Monday, March 4, 2013

FRIVOLOUS: the pretense of depth


Lindsay Lohan profile proves the value — and rarity — of access

The troubled star's habits are public, but Sunday's New York Times Magazine gives a rare glimpse into her psyche



Lindsay Lohan profile proves the value — and rarity — of access



It’s pretty rare to learn anything about a celebrity from a celebrity story. Glossy magazines, settling for less and less access, read volumes into what the starlet of the moment ate for lunch, but never seem to catch the stars off-guard. At the moment when appetite for celebrity gossip has never been more ravenous, celebrities themselves have been trained within an inch of their lives (everyone’s always the happiest they’ve ever been), and publicists know to limit the conversations just to lunch.
So it’s a surprise of sorts that Lindsay Lohan — who has been burned by her own volubility in print before, after admitting to drug use, then recanting it — was followed through July for the New York Times Magazine, in a lengthy story about the set of her upcoming film, The Canyons,” a tiny, Kickstarter-funded independent film directed by Paul Schrader.
Here are the most surprising revelations about an actress whose habits are public but whose inner self is usually obscure:
  • Though she doesn’t often speak to the mainstream press anymore, Lohan is voluble, responding to the director’s observation that rejection is formative with: “Well, it’s nothing like going to jail, I can tell you that.”
  • Lohan appeared late at the first read-through, with a marked-up script in hand, in which she had scratched out the names of her co-stars Nolan Funk and James Deen, and scrawled in the names of three or four actors as possible replacements.
  • She changes her mind frequently, saying at the beginning of the shoot that she hopes to flee to Uganda but by the end that she hopes to revive her career with more work.
  • After getting fired from “The Canyons” (she was later rehired), she banged on Schrader’s hotel room door and wept for 90 minutes.
  • Offered a chauffeured car to lunch so she wouldn’t go too far and hold up production, Lohan and her entourage orchestrated a “jailbreak” of sorts, fleeing the car.
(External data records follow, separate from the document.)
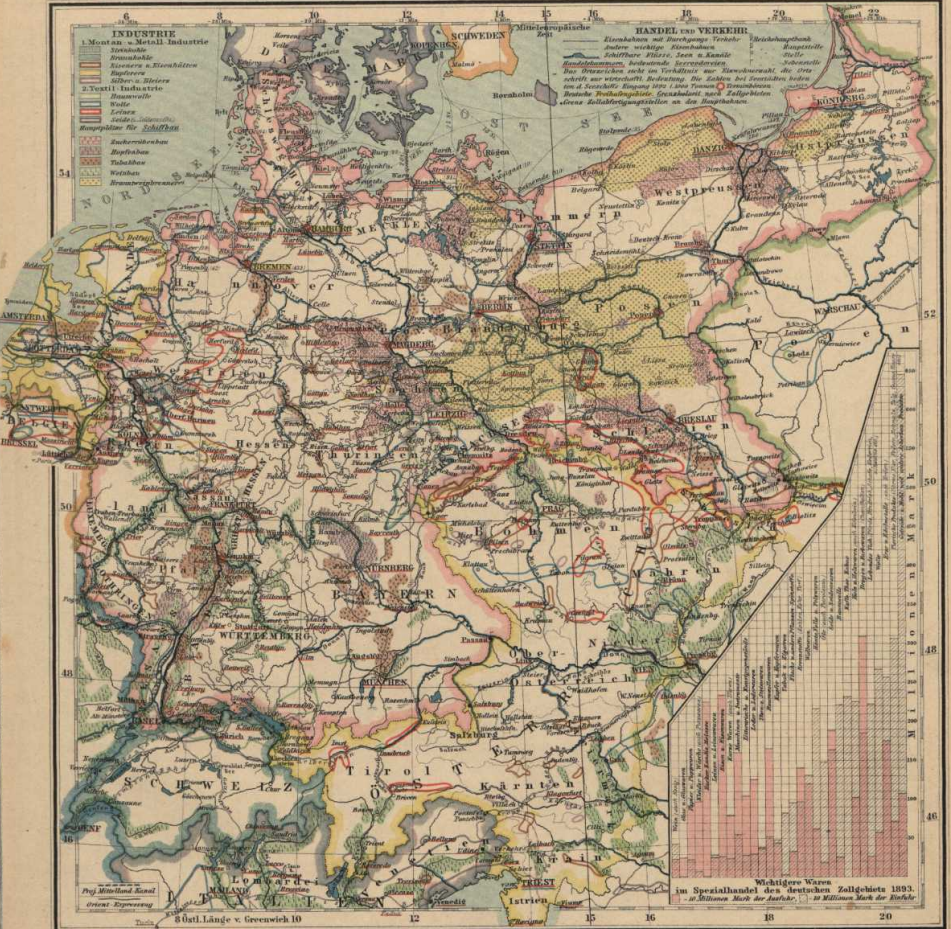

HANDEL, VERKEHR UND INDUSTRIE IN MITTEL-EUROPA.

Kleiner Handelsatlas N° 9

Langhaus

GOTHA : JUSTUS PERTHES.

1 : 5.000.000 Maßstab
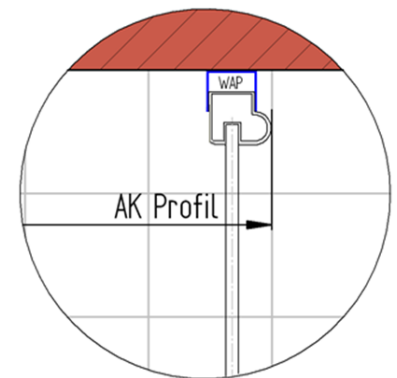

links: 900 mm x rechts: 900 mm

Fliesenmaß 872 mm, Verstellung - 8 / + 12

Fliesenmaß 872 mm, Verstellung - 8 / + 12

Außenkante Profil für Standard Duschen

Artikel-Nummer Schulte (DE): D232106

Artikel-Nummer Schulte (DE): D232106-O

Produkt: Pendeltür mit Seitenwand

Serie: Sunny / Lugano (teilgerahmt)

Einbautyp: Ecklösung

Einbaumaße:

links: 900 mm x rechts: 900 mm

AK Profil 883 mm, Verstellung - 8 / + 12

AK Profil 883 mm, Verstellung - 8 / + 12

Innenkante Profil für Standard Duschen

Artikel-Nummer Schulte (DE): D232106

Artikel-Nummer Schulte (DE): D232106-O

Produkt: Pendeltür mit Seitenwand

Serie: Sunny / Lugano (teilgerahmt)

Einbautyp: Ecklösung

Einbaumaße:

links: 900 mm x rechts: 900 mm

Maß IK Profil 864 mm, Verstellung - 8 / + 12

Maß IK Profil 864 mm, Verstellung - 8 / + 12
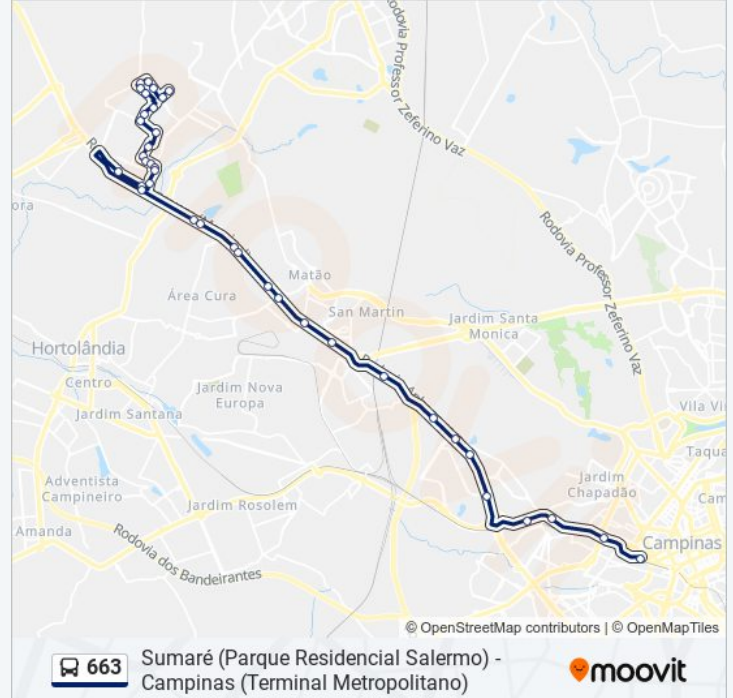

 663**Sumaré (Parque Residencial Salerno) - Campinas  
(Terminal Metropolitano)**

Use O App

A linha de ônibus 663 | (Sumaré (Parque Residencial Salerno) - Campinas (Terminal Metropolitano)) tem 2 itinerários.  
(1) Campinas: 04:30 - 23:00(2) Sumaré (Parque Residencial Salerno): 00:00 - 23:20  
Use o aplicativo do Moovit para encontrar a estação de ônibus da linha 663 mais perto de você e descubra quando chegará a próxima linha de ônibus 663.

Avenida São Judas Tadeu, 52

Rua Batista Raffi, 383

Rodovia Anhanguera, 440

Rodovia Anhanguera

Rua Doutor Alberto Franco Lamunier - 1472-1490  
- Parque Via Norte

Rodovia Anhanguera

Fac II

Estação De Transferência Anhanguera  
(Plataforma 3 - Sentido Centro)

Balão Do Tavares (Sentido Centro)

Alberto Sarmento (Sentido Centro)

Terminal Metropolitano Prefeito Magalhães  
Teixeira

### Sentido: Sumaré (Parque Residencial Salerno)

34 pontos

[VER OS HORÁRIOS DA LINHA](#)

Terminal Metropolitano Prefeito Magalhães  
Teixeira

Alberto Sarmento (Sentido Anhanguera)

Balão Do Tavares (Sentido Anhanguera)
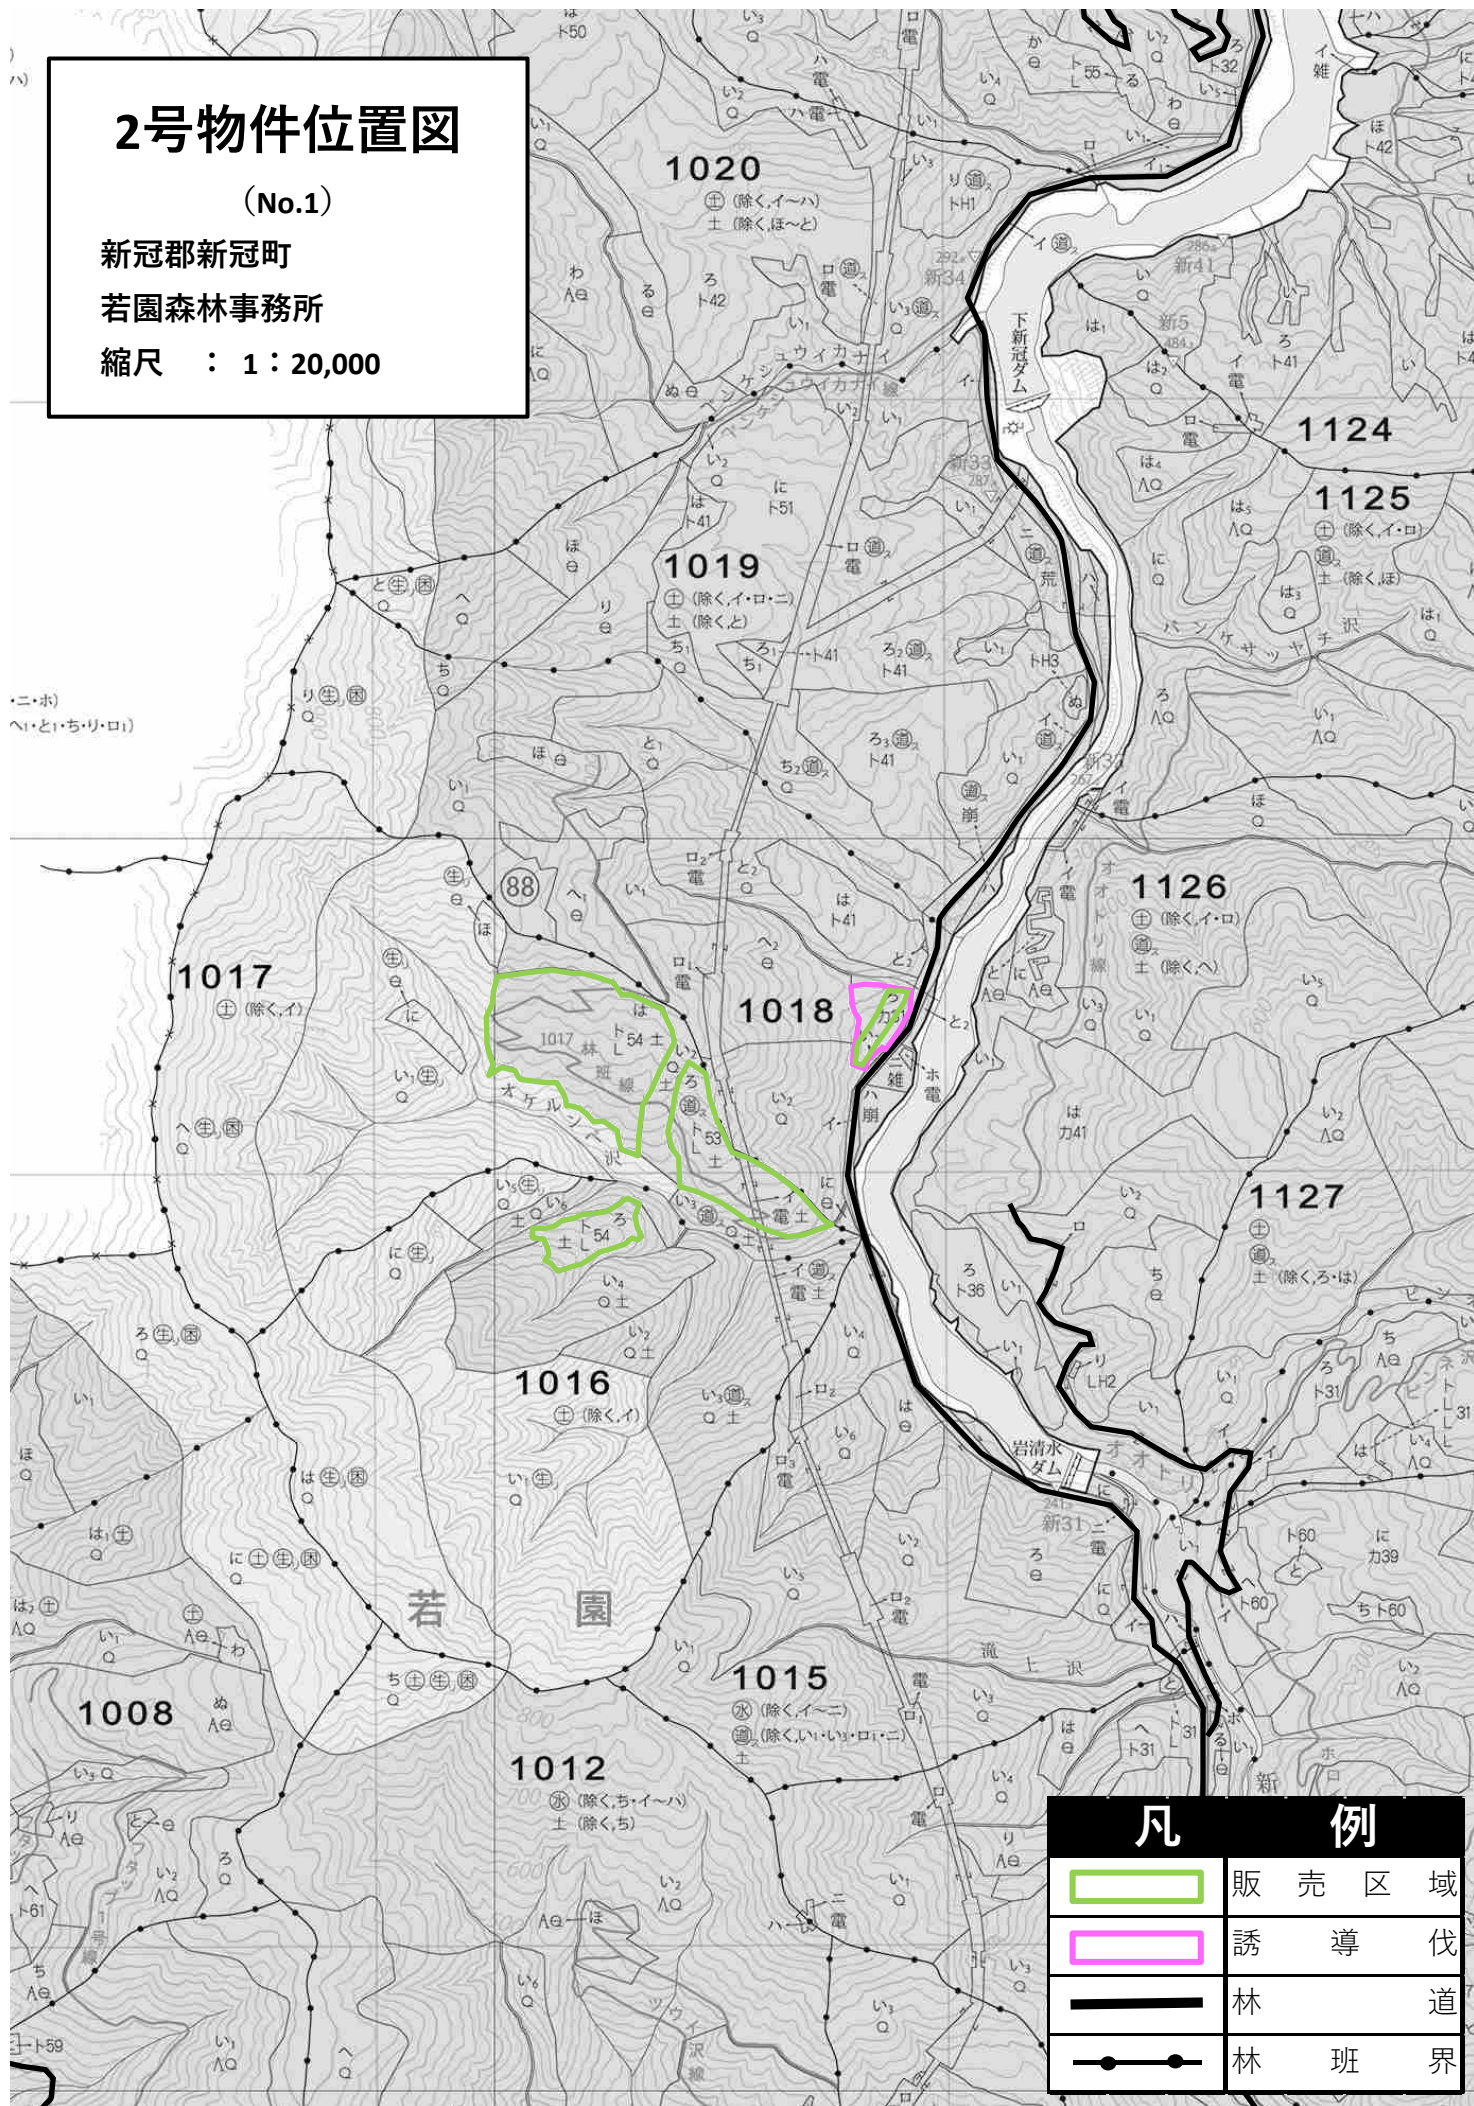

2号物件位置図

(No.1)

新冠郡新冠町

若園森林事務所

縮尺 : 1 : 20,000

2号物件位置図

(No. 2)

新冠郡新冠町

若園森林事務所

縮尺 : 1 : 20,000

凡 例

	販売区域
	林道
	林班界

2号物件 伐区図
 【1016ろ、1017ろは、1018ろ】

凡 例	
販売区域	
誘導伐	
除外地	
林班界	
既設道	

2号物件 伐区図

【1139へぬるわかそ、1143ろはにほ】

凡 例	
販売区域	
林 班 界	
既 設 道	

0 250[m]

1:5,000

2号物件 伐区図
【1140へちり】

1143

1139

1138

1142

Her lunch privileges were thus revoked, though she ruined a morning of filming after spending a night partying with Lady Gaga.
  • She attempted to take over directing scenes by describing her ideal motivations, and told costar James Deen he was “disrespectful” to Schrader.
Granted, many of these revelations come from people other than Lohan — it would appear that Lohan irritated her co-workers on set so badly that they vented to reporter Stephen Rodrick as an outlet, proving the value of a month’s worth of access. After all, when confronted with a direct question about the emotional troubles causing her to act out, Lohan reverts back into her own version of the in-control, guarded celebrity brushing off the journalist: “I can’t cry. I’ve got makeup on.”